Extracted records below:
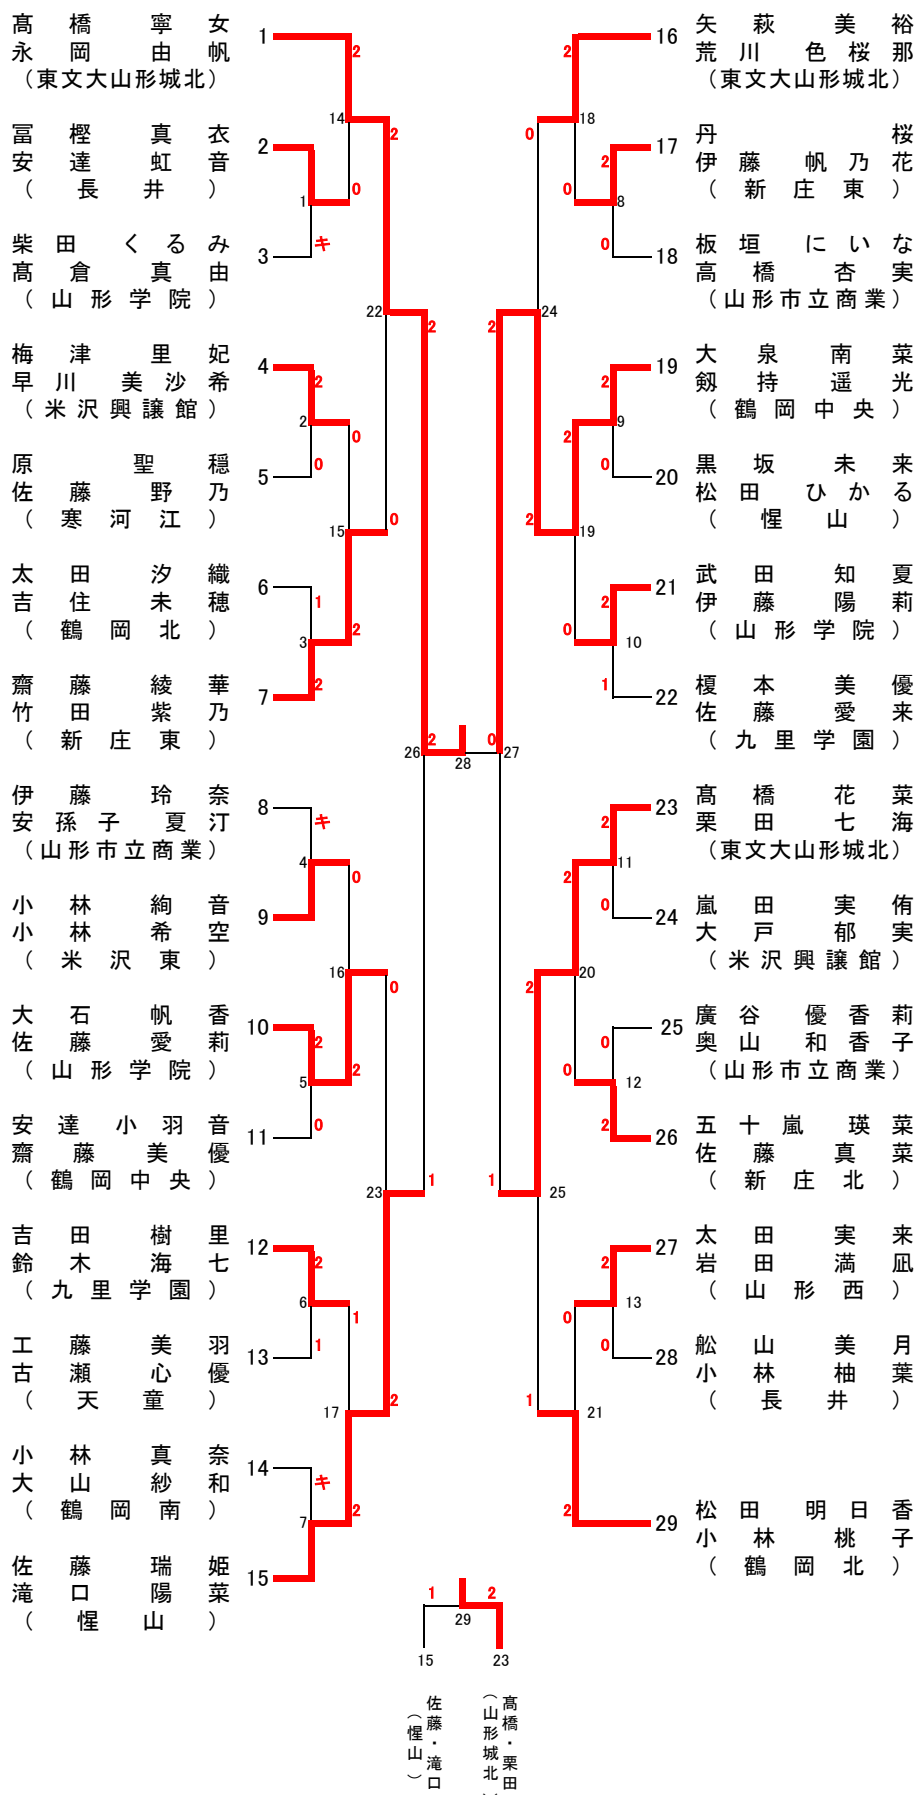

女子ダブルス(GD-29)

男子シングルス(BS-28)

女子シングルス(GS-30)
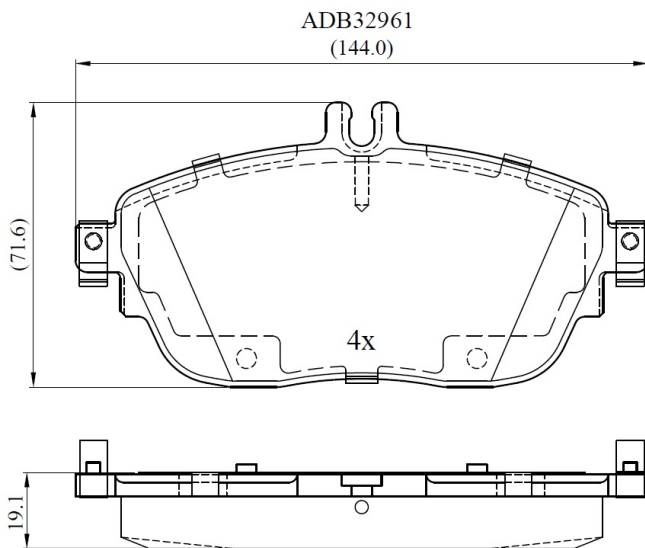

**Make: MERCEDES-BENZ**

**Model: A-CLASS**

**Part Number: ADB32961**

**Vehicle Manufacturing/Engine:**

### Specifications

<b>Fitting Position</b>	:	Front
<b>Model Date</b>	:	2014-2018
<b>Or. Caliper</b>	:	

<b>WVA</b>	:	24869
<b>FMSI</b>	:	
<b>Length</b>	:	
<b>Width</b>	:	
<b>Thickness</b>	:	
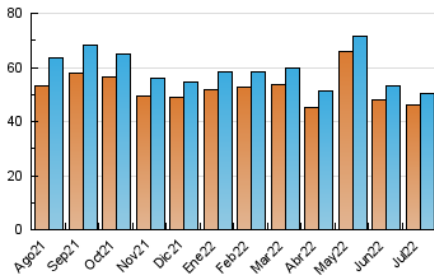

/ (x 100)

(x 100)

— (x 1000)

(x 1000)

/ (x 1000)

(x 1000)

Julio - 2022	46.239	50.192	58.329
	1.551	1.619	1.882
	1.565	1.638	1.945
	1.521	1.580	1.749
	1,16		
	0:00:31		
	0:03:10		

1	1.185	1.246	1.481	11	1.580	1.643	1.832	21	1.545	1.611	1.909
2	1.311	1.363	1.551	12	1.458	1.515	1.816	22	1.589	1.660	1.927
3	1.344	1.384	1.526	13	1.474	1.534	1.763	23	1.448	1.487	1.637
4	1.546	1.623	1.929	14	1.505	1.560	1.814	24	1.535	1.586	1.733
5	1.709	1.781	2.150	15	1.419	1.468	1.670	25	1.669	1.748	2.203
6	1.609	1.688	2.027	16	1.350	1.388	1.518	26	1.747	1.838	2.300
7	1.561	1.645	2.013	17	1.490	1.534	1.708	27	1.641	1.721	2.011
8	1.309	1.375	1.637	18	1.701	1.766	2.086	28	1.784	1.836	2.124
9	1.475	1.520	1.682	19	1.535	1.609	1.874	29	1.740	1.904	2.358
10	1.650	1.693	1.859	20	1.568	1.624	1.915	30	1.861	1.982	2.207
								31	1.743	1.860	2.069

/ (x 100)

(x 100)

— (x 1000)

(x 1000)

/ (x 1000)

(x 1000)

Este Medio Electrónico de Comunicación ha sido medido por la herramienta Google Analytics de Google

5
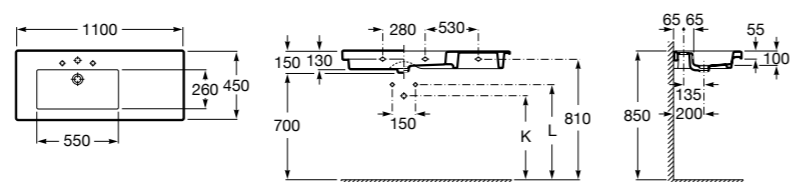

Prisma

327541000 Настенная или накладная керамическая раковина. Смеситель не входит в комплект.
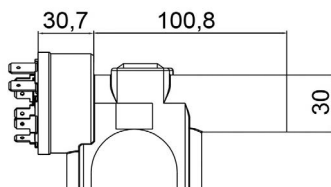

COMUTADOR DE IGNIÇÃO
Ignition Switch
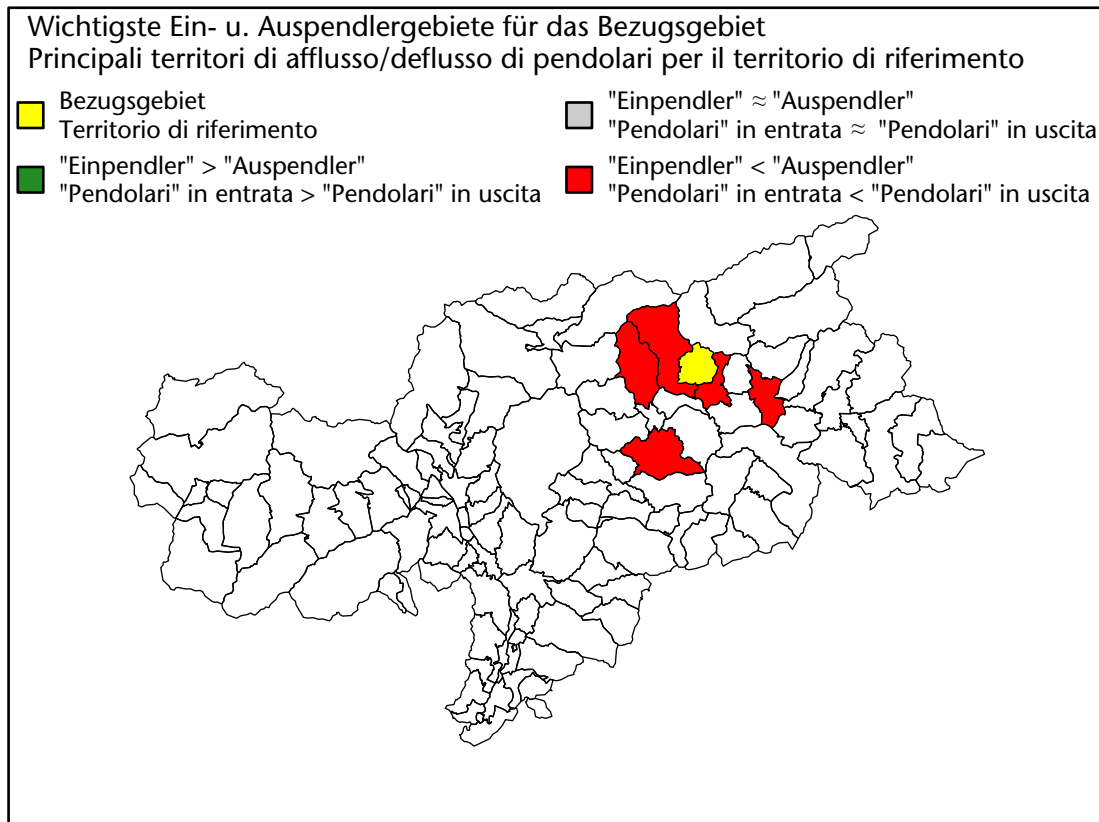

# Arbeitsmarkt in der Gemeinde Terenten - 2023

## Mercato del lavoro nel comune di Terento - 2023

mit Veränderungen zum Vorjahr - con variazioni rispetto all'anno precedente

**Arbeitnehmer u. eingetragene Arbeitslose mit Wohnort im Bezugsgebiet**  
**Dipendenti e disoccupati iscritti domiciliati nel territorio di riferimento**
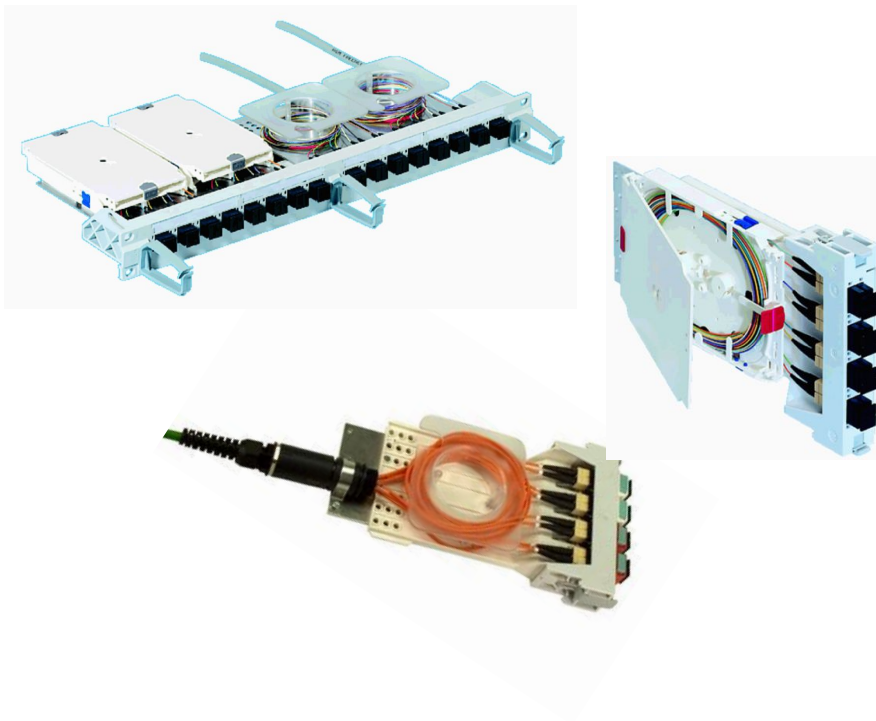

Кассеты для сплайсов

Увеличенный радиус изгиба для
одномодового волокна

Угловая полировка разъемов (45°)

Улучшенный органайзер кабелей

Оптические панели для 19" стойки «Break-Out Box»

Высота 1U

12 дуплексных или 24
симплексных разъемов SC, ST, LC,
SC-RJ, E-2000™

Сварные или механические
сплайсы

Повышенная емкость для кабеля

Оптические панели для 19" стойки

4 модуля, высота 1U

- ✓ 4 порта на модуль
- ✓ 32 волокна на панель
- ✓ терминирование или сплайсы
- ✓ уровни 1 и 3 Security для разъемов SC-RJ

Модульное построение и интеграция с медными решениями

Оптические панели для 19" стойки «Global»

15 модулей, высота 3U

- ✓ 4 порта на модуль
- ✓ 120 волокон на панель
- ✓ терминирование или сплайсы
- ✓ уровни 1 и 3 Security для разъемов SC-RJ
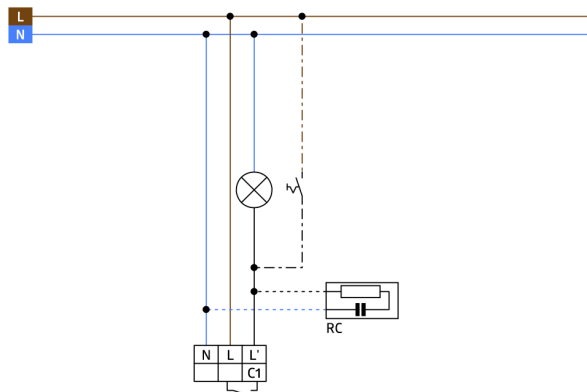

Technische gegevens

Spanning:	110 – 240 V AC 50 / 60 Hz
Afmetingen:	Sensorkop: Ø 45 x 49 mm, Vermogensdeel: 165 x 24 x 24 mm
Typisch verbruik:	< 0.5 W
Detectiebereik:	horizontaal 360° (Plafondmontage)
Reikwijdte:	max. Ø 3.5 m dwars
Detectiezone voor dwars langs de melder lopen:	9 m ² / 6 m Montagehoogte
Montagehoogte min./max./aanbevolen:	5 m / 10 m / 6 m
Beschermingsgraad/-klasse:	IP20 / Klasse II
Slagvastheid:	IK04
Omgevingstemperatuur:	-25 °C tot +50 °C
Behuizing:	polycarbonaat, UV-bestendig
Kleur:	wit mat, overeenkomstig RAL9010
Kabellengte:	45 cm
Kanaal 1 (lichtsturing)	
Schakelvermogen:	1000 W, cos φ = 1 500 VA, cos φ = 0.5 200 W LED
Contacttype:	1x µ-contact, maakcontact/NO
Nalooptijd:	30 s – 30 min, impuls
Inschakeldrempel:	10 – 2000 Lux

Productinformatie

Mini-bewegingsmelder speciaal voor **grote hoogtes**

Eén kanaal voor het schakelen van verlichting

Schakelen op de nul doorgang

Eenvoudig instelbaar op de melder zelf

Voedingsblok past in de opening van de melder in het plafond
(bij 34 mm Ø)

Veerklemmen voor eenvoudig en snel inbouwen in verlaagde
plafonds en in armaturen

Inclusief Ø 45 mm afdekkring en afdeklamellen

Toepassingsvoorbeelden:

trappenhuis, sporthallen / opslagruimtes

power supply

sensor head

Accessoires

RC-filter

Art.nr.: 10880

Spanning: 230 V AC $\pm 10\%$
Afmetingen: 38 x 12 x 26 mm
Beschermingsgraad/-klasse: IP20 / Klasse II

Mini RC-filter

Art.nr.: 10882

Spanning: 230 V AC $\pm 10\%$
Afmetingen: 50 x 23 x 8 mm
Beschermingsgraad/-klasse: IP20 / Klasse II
End of Extracted records.
• **Work to be completed**:
Would you give the data above again word for word, minus the pictures?

• **Task response**:
女子ダブルス(GD-29)

男子シングルス(BS-28)

女子シングルス(GS-30)

**Make: MERCEDES-BENZ**

**Model: A-CLASS**

**Part Number: ADB32961**

**Vehicle Manufacturing/Engine:**

### Specifications

<b>Fitting Position</b>	:	Front
<b>Model Date</b>	:	2014-2018
<b>Or. Caliper</b>	:	

<b>WVA</b>	:	24869
<b>FMSI</b>	:	
<b>Length</b>	:	
<b>Width</b>	:	
<b>Thickness</b>	:	

/ (x 100)

(x 100)

— (x 1000)

(x 1000)

/ (x 1000)

(x 1000)

Julio - 2022	46.239	50.192	58.329
	1.551	1.619	1.882
	1.565	1.638	1.945
	1.521	1.580	1.749
	1,16		
	0:00:31		
	0:03:10		

1	1.185	1.246	1.481	11	1.580	1.643	1.832	21	1.545	1.611	1.909
2	1.311	1.363	1.551	12	1.458	1.515	1.816	22	1.589	1.660	1.927
3	1.344	1.384	1.526	13	1.474	1.534	1.763	23	1.448	1.487	1.637
4	1.546	1.623	1.929	14	1.505	1.560	1.814	24	1.535	1.586	1.733
5	1.709	1.781	2.150	15	1.419	1.468	1.670	25	1.669	1.748	2.203
6	1.609	1.688	2.027	16	1.350	1.388	1.518	26	1.747	1.838	2.300
7	1.561	1.645	2.013	17	1.490	1.534	1.708	27	1.641	1.721	2.011
8	1.309	1.375	1.637	18	1.701	1.766	2.086	28	1.784	1.836	2.124
9	1.475	1.520	1.682	19	1.535	1.609	1.874	29	1.740	1.904	2.358
10	1.650	1.693	1.859	20	1.568	1.624	1.915	30	1.861	1.982	2.207
								31	1.743	1.860	2.069

/ (x 100)

(x 100)

— (x 1000)

(x 1000)

/ (x 1000)

(x 1000)

Este Medio Electrónico de Comunicación ha sido medido por la herramienta Google Analytics de Google

5

Prisma

327541000 Настенная или накладная керамическая раковина. Смеситель не входит в комплект.

COMUTADOR DE IGNIÇÃO
Ignition Switch

# Arbeitsmarkt in der Gemeinde Terenten - 2023

## Mercato del lavoro nel comune di Terento - 2023

mit Veränderungen zum Vorjahr - con variazioni rispetto all'anno precedente

**Arbeitnehmer u. eingetragene Arbeitslose mit Wohnort im Bezugsgebiet**  
**Dipendenti e disoccupati iscritti domiciliati nel territorio di riferimento**

Кассеты для сплайсов

Увеличенный радиус изгиба для
одномодового волокна

Угловая полировка разъемов (45°)

Улучшенный органайзер кабелей

Оптические панели для 19" стойки «Break-Out Box»

Высота 1U

12 дуплексных или 24
симплексных разъемов SC, ST, LC,
SC-RJ, E-2000™

Сварные или механические
сплайсы

Повышенная емкость для кабеля

Оптические панели для 19" стойки

4 модуля, высота 1U

- ✓ 4 порта на модуль
- ✓ 32 волокна на панель
- ✓ терминирование или сплайсы
- ✓ уровни 1 и 3 Security для разъемов SC-RJ

Модульное построение и интеграция с медными решениями

Оптические панели для 19" стойки «Global»

15 модулей, высота 3U

- ✓ 4 порта на модуль
- ✓ 120 волокон на панель
- ✓ терминирование или сплайсы
- ✓ уровни 1 и 3 Security для разъемов SC-RJ

Technische gegevens

Spanning:	110 – 240 V AC 50 / 60 Hz
Afmetingen:	Sensorkop: Ø 45 x 49 mm, Vermogensdeel: 165 x 24 x 24 mm
Typisch verbruik:	< 0.5 W
Detectiebereik:	horizontaal 360° (Plafondmontage)
Reikwijdte:	max. Ø 3.5 m dwars
Detectiezone voor dwars langs de melder lopen:	9 m ² / 6 m Montagehoogte
Montagehoogte min./max./aanbevolen:	5 m / 10 m / 6 m
Beschermingsgraad/-klasse:	IP20 / Klasse II
Slagvastheid:	IK04
Omgevingstemperatuur:	-25 °C tot +50 °C
Behuizing:	polycarbonaat, UV-bestendig
Kleur:	wit mat, overeenkomstig RAL9010
Kabellengte:	45 cm
Kanaal 1 (lichtsturing)	
Schakelvermogen:	1000 W, cos φ = 1 500 VA, cos φ = 0.5 200 W LED
Contacttype:	1x µ-contact, maakcontact/NO
Nalooptijd:	30 s – 30 min, impuls
Inschakeldrempel:	10 – 2000 Lux

Productinformatie

Mini-bewegingsmelder speciaal voor **grote hoogtes**

Eén kanaal voor het schakelen van verlichting

Schakelen op de nul doorgang

Eenvoudig instelbaar op de melder zelf

Voedingsblok past in de opening van de melder in het plafond
(bij 34 mm Ø)

Veerklemmen voor eenvoudig en snel inbouwen in verlaagde
plafonds en in armaturen

Inclusief Ø 45 mm afdekkring en afdeklamellen

Toepassingsvoorbeelden:

trappenhuis, sporthallen / opslagruimtes

power supply

sensor head

Accessoires

RC-filter

Art.nr.: 10880

Spanning: 230 V AC $\pm 10\%$
Afmetingen: 38 x 12 x 26 mm
Beschermingsgraad/-klasse: IP20 / Klasse II

Mini RC-filter

Art.nr.: 10882

Spanning: 230 V AC $\pm 10\%$
Afmetingen: 50 x 23 x 8 mm
Beschermingsgraad/-klasse: IP20 / Klasse II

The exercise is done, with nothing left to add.